Así anduvieron largo rato hasta que llegaron a la entrada de un bosque que se prolongaba en un camino despejado y al final, una tranquera abierta hacia las caballerizas que Victoria no había visto antes. Georgina le indicó con la cabeza el camino y le dijo: ¿no querés que corramos un poco? Llegamos enseguida al establo. Esa pequeña complicidad en el desafío le gustó y accedió, a pesar del dolor y del cansancio.
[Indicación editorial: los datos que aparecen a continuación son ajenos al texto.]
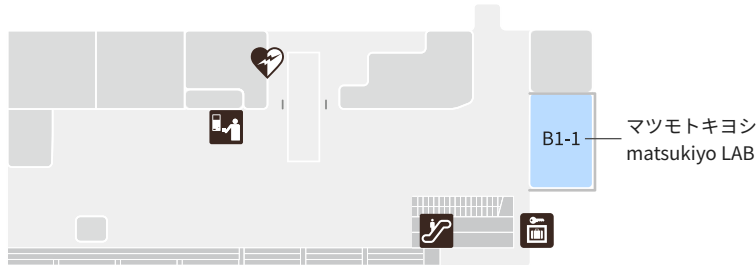

FLOOR MAP

さんすて岡山 北館 B1F-1F

B1F

1F

- ファッション・雑貨
- コスメ・生活雑貨
- レストラン・カフェ
- デリカ・食品
- おみやげ・スイーツ
- サービス・その他

- 自動きっぷうりば
- 男性お手洗い
- コインロッカー
- AED (自動体外式除細動器)
- エレベーター
- 女性お手洗い
- ATM
- ベビールーム
- エスカレーター
- 多機能お手洗い

B1F

B1-1 マツモトキヨシ matsukiyo LAB
ドラッグストア
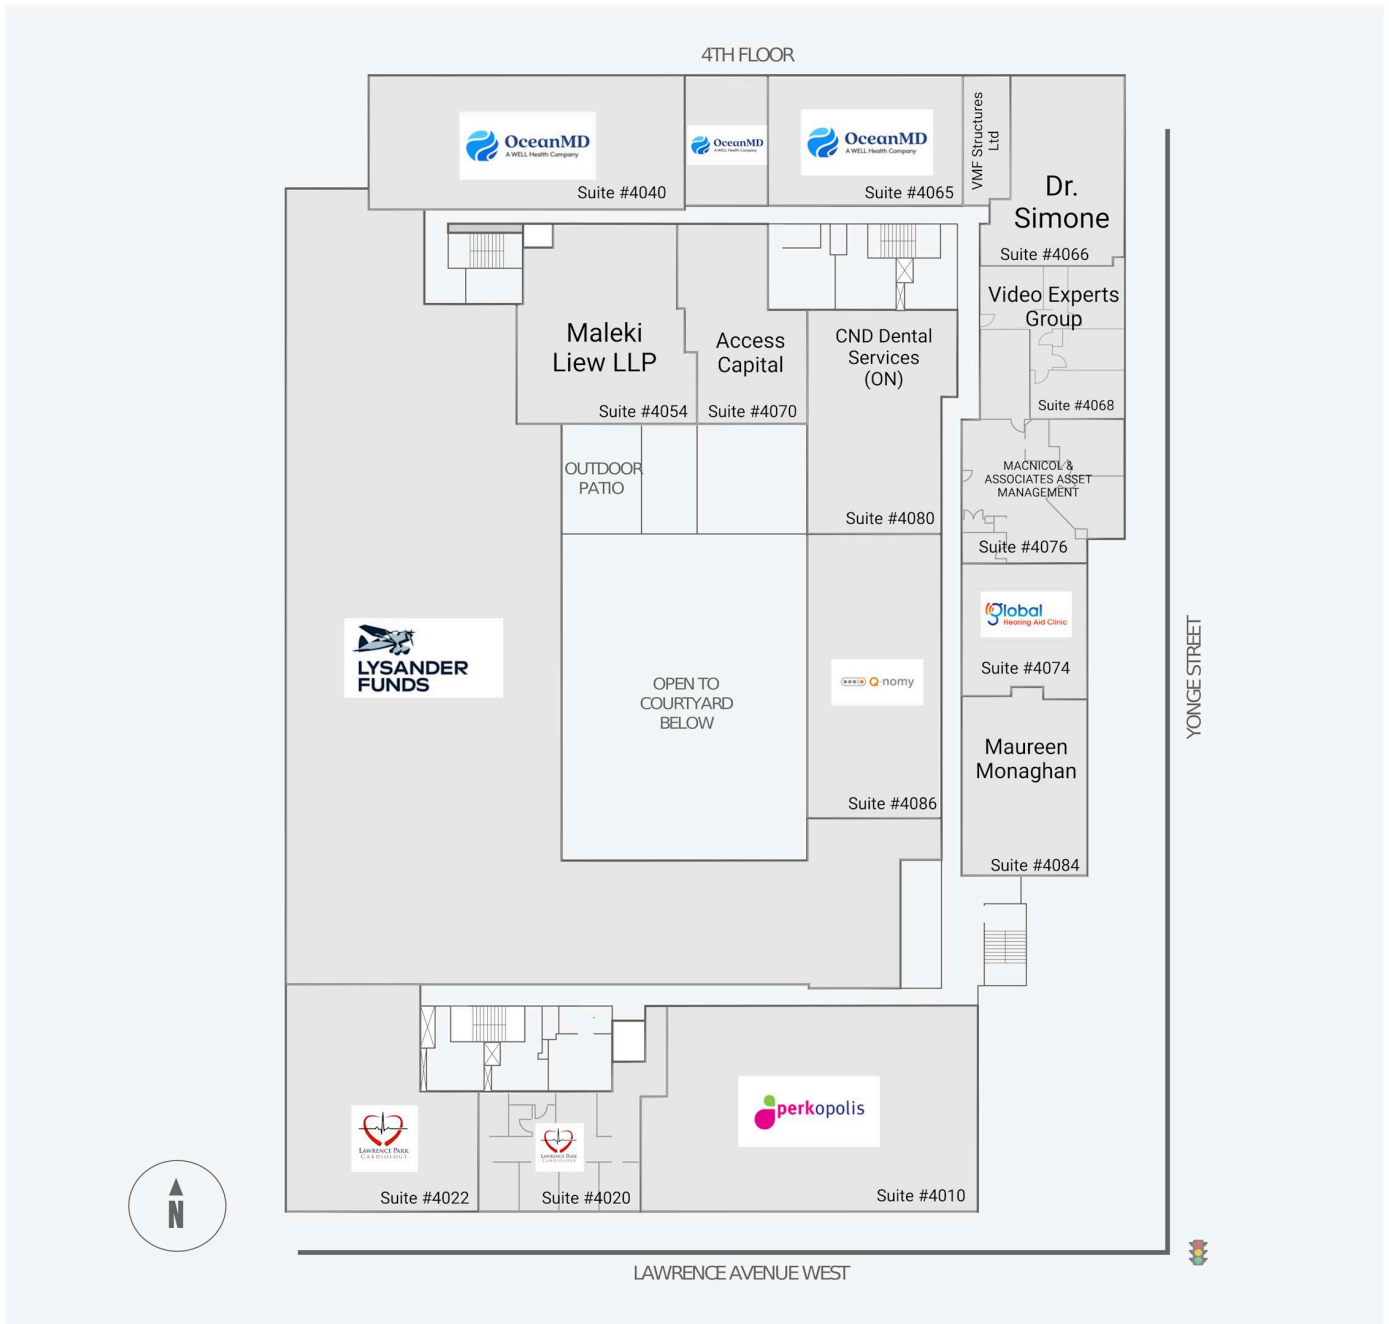

Get in touch:

leasing@fcr.ca

fcr.ca

@firstcapitalreit

3080 Yonge Street

3080 Yonge Street, Toronto, ON

WALK SCORE	TRANSIT SCORE	The sole purpose of this site plan is to identify the approximate location and size of the buildings. It is intended for use as a reference only and is subject to change at any time at the sole discretion of the owner.	REVISED Apr 2026
96	93	« Le seul objectif de ce plan de site est d'identifier l'emplacement et les dimensions approximatifs des bâtiments. Il est destiné à être utilisé comme un outil de référence uniquement et est susceptible de changer à tout moment à la seule discrétion du propriétaire. »	

Get in touch:

leasing@fcr.ca

fcr.ca

@firstcapitalreit

3080 Yonge Street

3080 Yonge Street, Toronto, ON

WALK SCORE	TRANSIT SCORE	The sole-purpose of this site plan is to identify the approximate location and size of the buildings. It is intended for use as a reference only and is subject to change at any time at the sole discretion of the owner.	REVISED Apr 2026
96	93	« Le seul objectif de ce plan de site est d'identifier l'emplacement et les dimensions approximatifs des bâtiments. Il est destiné à être utilisé comme un outil de référence uniquement et est susceptible de changer à tout moment à la seule discrétion du propriétaire. »	

Get in touch:

3080 Yonge Street

3080 Yonge Street, Toronto, ON

WALK SCORE	TRANSIT SCORE	The sole-purpose of this site plan is to identify the approximate location and size of the buildings. It is intended for use as a reference only and is subject to change at any time at the sole discretion of the owner.	REVISED Apr 2026
96	93	« Le seul objectif de ce plan de site est d'identifier l'emplacement et les dimensions approximatives des bâtiments. Il est destiné à être utilisé comme un outil de référence uniquement et est susceptible de changer à tout moment à la seule discrétion du propriétaire. »	
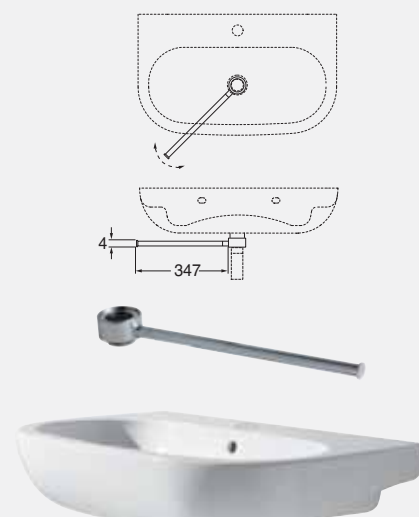

Wall-hung one-hole washbasin 60 cm
cod. NUV 200/60 - kg. 17,00

Wall-hung without hole washbasin 60 cm
cod. NUV 200/60N - kg. 17,00

Cm 27,7 rotating chromed towel-holder
for washbasin cm 60
cod. NUV PU60

DESCRIZIONE

Lavabo cm 75 monoforo sospeso
cod. NUV 200/75 - kg. 20,00

Lavabo cm 75 senza foro sospeso
cod. NUV 200/75N - kg. 20,00

Portasciugamani cromato girevole
cm 37,7 per lavabo da 75
cod. NUV PU75

DESCRIPTION

Wall-hung one-hole washbasin 75 cm
cod. NUV 200/75 - kg. 20,00

Wall-hung without hole washbasin 75 cm
cod. NUV 200/75N - kg. 20,00

Cm 37,7 rotating chromed towel-holder
for washbasin cm 75
cod. NUV PU75
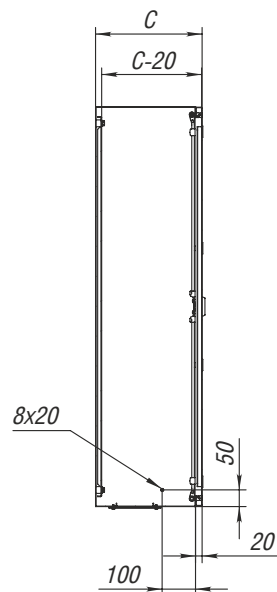

Вид спереди

Вид слева, разрез

Вид сверху, разрез

Вид на дверь изнутри

Панель монтажная

Габариты шкафа			Размер монтажной панели		Полезная глубина, мм	Кабельный ввод			Кол-во замков	Масса, кг	Код
Высота L, мм	Ширина B, мм	Глубина C, мм	Высота L1, мм	Ширина B1, мм		Длина B2, мм	Ширина C2, мм	Кол-во			
600	800	320	560	735	300	500	115	1	2	30	LD55-683
600	1000	320	560	935	300	310	115	2	2	37	LD55-6103
600	1200	320	560	1135	300	500	115	2	2	59	LD55-6123
800	1000	250	760	935	230	310	115	2	2	46	LD55-8102
800	1000	320	760	935	300	310	115	2	2	48	LD55-8103
800	1200	320	760	1135	300	500	115	2	2	70	LD55-8123
1000	1000	320	960	935	300	310	115	2	1*	59	LD55-10103
1200	1000	320	1160	935	300	310	115	2	1*	70	LD55-12103
1200	1200	320	1160	1135	300	500	115	2	1*	73	LD55-12123
1400	1000	320	1360	935	300	310	115	2	1*	81	LD55-14103
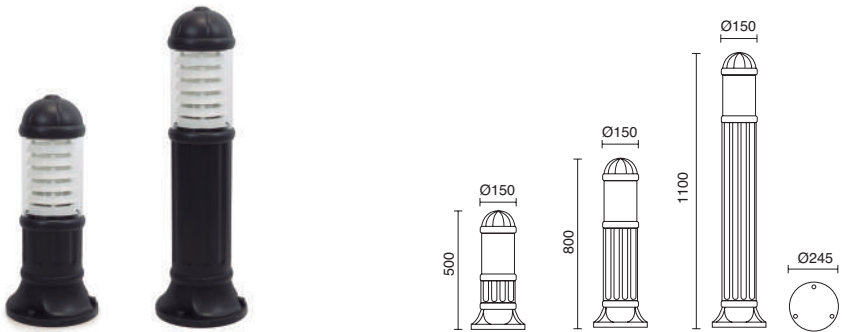

h500
E27 Led/Fluo 30W max.

h800
E27 Led/Fluo 30W max.

h1100
E27 Led/Fluo 30W max.

■ 272A-G05X1A-02 106€

■ 272B-G05X1A-02 112€

■ 272C-G05X1A-02 120€

Lamps p. 720/721

■ -02 Negro / Black / Noir

Lo que todavía no sabía era que, cuando alguien te conoce, tiene en sus manos, lo sepa o no, el alma de tus pesadillas.
Giraron y al llegar a la cabecera del camino, la yegua se largó a correr con todas sus fuerzas; no era culpa del animal que solo repetía la costumbre del entrenamiento para las carreras en las que participaba.
Le costó mucho mantenerse erguida. A los pocos segundos de aferrarse con todas sus fuerzas, se deslizó hacia un costado del lomo del animal y no pudo sostenerse más. Sintió miedo, tanto que pidió a dios no morir, tanto que por un instante volvió a creer en él.